Items from a data source
== Segment start ==
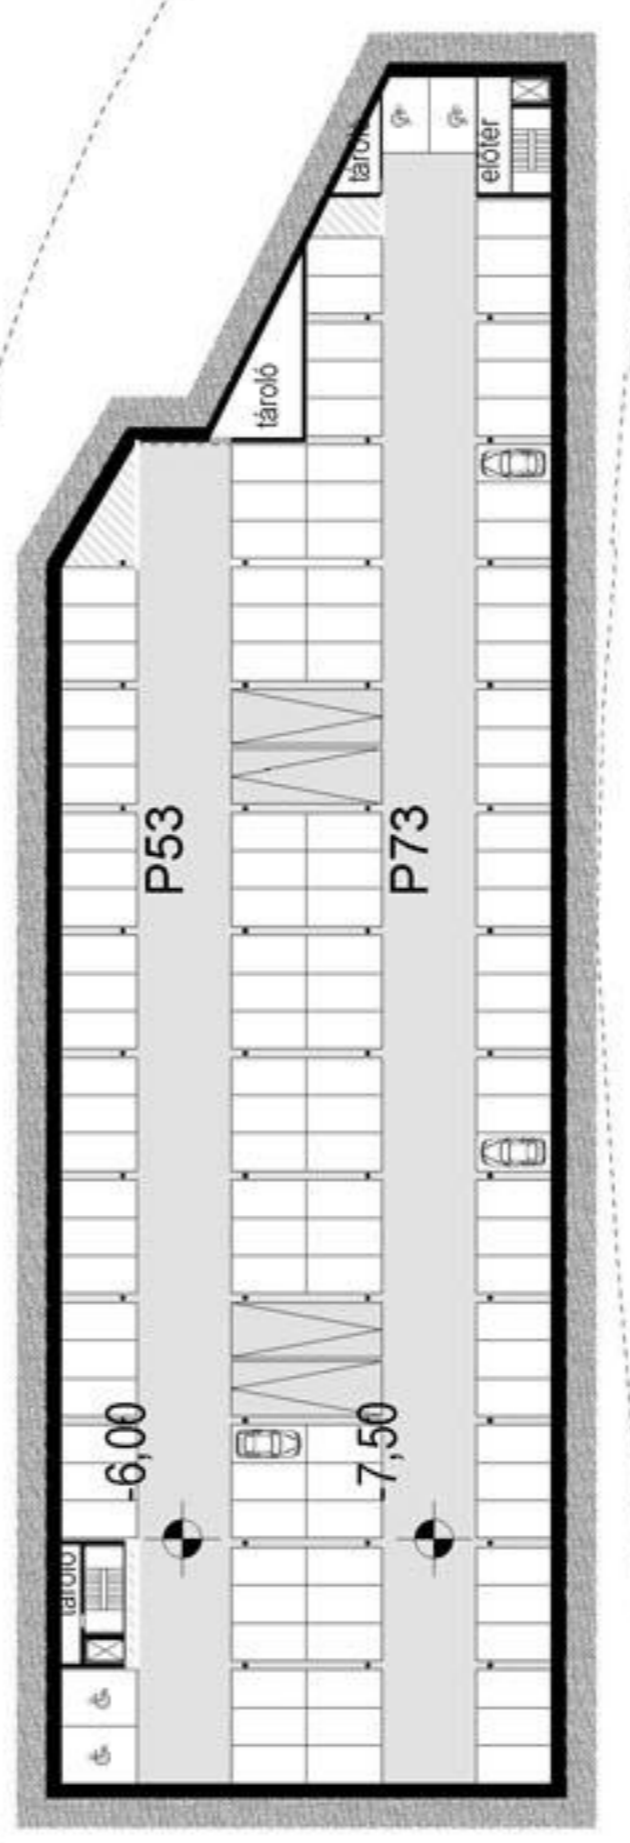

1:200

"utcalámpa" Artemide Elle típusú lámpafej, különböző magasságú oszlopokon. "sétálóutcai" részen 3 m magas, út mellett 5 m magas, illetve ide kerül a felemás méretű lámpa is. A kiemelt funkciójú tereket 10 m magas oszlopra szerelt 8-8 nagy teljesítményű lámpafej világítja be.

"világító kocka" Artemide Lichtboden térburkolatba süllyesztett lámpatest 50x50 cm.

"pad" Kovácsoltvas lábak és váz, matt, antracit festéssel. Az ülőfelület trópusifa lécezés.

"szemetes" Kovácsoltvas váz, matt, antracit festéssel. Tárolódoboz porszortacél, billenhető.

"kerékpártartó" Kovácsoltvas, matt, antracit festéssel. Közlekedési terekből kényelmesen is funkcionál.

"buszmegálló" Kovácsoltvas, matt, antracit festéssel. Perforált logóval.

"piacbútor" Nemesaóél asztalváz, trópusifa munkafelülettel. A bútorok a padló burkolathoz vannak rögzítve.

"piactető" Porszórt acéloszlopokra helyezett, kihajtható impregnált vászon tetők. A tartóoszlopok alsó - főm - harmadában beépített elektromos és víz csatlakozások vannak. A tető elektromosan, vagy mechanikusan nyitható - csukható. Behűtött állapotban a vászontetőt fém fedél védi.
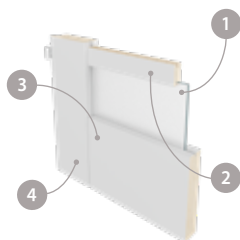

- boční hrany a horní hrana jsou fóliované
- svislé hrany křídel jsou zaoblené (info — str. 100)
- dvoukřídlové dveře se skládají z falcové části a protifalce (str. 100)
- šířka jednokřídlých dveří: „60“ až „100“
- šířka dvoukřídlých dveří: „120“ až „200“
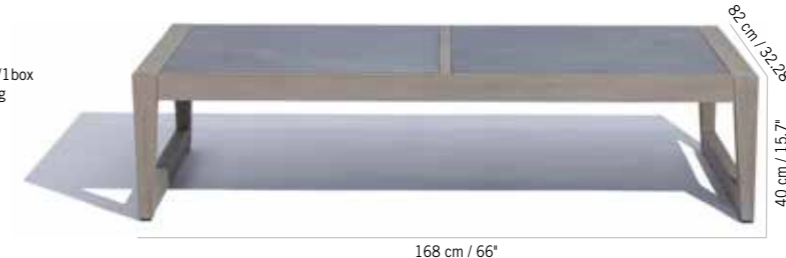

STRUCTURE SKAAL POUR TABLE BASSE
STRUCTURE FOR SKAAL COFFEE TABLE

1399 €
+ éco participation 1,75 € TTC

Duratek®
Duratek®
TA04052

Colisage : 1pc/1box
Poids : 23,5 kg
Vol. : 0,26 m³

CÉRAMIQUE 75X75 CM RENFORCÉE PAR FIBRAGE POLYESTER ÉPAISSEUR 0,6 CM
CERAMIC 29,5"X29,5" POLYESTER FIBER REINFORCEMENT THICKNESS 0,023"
== Segment end ==
== Segment start ==
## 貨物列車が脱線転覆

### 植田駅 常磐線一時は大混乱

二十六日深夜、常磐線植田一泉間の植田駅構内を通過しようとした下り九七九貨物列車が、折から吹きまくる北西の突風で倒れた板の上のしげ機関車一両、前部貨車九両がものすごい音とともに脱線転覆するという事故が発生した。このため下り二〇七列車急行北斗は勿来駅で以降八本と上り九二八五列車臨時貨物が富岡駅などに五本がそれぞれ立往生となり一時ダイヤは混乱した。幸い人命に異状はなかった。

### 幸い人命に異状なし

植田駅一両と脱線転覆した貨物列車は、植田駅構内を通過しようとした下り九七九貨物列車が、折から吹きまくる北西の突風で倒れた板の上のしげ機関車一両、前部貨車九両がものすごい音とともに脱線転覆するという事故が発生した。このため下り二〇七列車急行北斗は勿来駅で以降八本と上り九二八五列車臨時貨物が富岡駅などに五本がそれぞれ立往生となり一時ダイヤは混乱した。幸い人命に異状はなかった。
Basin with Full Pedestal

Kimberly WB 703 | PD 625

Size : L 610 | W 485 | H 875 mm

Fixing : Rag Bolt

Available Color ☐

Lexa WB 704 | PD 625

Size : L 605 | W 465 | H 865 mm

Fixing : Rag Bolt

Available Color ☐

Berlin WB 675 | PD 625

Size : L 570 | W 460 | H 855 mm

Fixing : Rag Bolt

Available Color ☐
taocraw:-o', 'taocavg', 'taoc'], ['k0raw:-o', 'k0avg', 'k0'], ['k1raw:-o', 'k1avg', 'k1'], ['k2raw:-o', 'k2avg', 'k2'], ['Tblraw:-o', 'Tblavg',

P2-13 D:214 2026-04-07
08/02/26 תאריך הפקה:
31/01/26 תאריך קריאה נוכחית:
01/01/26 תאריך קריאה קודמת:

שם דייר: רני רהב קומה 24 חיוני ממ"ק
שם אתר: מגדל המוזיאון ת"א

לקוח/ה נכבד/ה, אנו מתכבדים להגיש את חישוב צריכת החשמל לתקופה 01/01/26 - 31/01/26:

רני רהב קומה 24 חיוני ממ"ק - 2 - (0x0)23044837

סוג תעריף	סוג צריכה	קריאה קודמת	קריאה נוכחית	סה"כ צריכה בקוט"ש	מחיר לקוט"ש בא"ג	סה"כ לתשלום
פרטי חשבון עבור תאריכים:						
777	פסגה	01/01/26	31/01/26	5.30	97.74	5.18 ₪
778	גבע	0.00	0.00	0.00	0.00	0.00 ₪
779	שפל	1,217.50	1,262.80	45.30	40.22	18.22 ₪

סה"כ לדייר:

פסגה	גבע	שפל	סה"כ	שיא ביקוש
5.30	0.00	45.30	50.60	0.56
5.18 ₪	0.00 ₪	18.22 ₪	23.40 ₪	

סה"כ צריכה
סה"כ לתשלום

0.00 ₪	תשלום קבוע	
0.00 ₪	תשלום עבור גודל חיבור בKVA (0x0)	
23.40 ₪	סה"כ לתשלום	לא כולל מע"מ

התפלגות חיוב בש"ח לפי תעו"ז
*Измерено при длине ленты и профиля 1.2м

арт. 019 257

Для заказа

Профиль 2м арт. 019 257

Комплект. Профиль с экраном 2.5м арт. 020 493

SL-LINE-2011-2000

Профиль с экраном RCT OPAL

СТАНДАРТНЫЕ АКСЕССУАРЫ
== Segment end ==
> ACTIVITY:
Above are the records; from them, give again exactly the lines from the one containing "二十六日深夜、常磐線植田一泉" through the one containing "01/01/26 תאריך קריאה", both included.

> WRITTEN ANSWER:
二十六日深夜、常磐線植田一泉間の植田駅構内を通過しようとした下り九七九貨物列車が、折から吹きまくる北西の突風で倒れた板の上のしげ機関車一両、前部貨車九両がものすごい音とともに脱線転覆するという事故が発生した。このため下り二〇七列車急行北斗は勿来駅で以降八本と上り九二八五列車臨時貨物が富岡駅などに五本がそれぞれ立往生となり一時ダイヤは混乱した。幸い人命に異状はなかった。

### 幸い人命に異状なし

植田駅一両と脱線転覆した貨物列車は、植田駅構内を通過しようとした下り九七九貨物列車が、折から吹きまくる北西の突風で倒れた板の上のしげ機関車一両、前部貨車九両がものすごい音とともに脱線転覆するという事故が発生した。このため下り二〇七列車急行北斗は勿来駅で以降八本と上り九二八五列車臨時貨物が富岡駅などに五本がそれぞれ立往生となり一時ダイヤは混乱した。幸い人命に異状はなかった。
Basin with Full Pedestal

Kimberly WB 703 | PD 625

Size : L 610 | W 485 | H 875 mm

Fixing : Rag Bolt

Available Color ☐

Lexa WB 704 | PD 625

Size : L 605 | W 465 | H 865 mm

Fixing : Rag Bolt

Available Color ☐

Berlin WB 675 | PD 625

Size : L 570 | W 460 | H 855 mm

Fixing : Rag Bolt

Available Color ☐
taocraw:-o', 'taocavg', 'taoc'], ['k0raw:-o', 'k0avg', 'k0'], ['k1raw:-o', 'k1avg', 'k1'], ['k2raw:-o', 'k2avg', 'k2'], ['Tblraw:-o', 'Tblavg',

P2-13 D:214 2026-04-07
08/02/26 תאריך הפקה:
31/01/26 תאריך קריאה נוכחית:
01/01/26 תאריך קריאה קודמת:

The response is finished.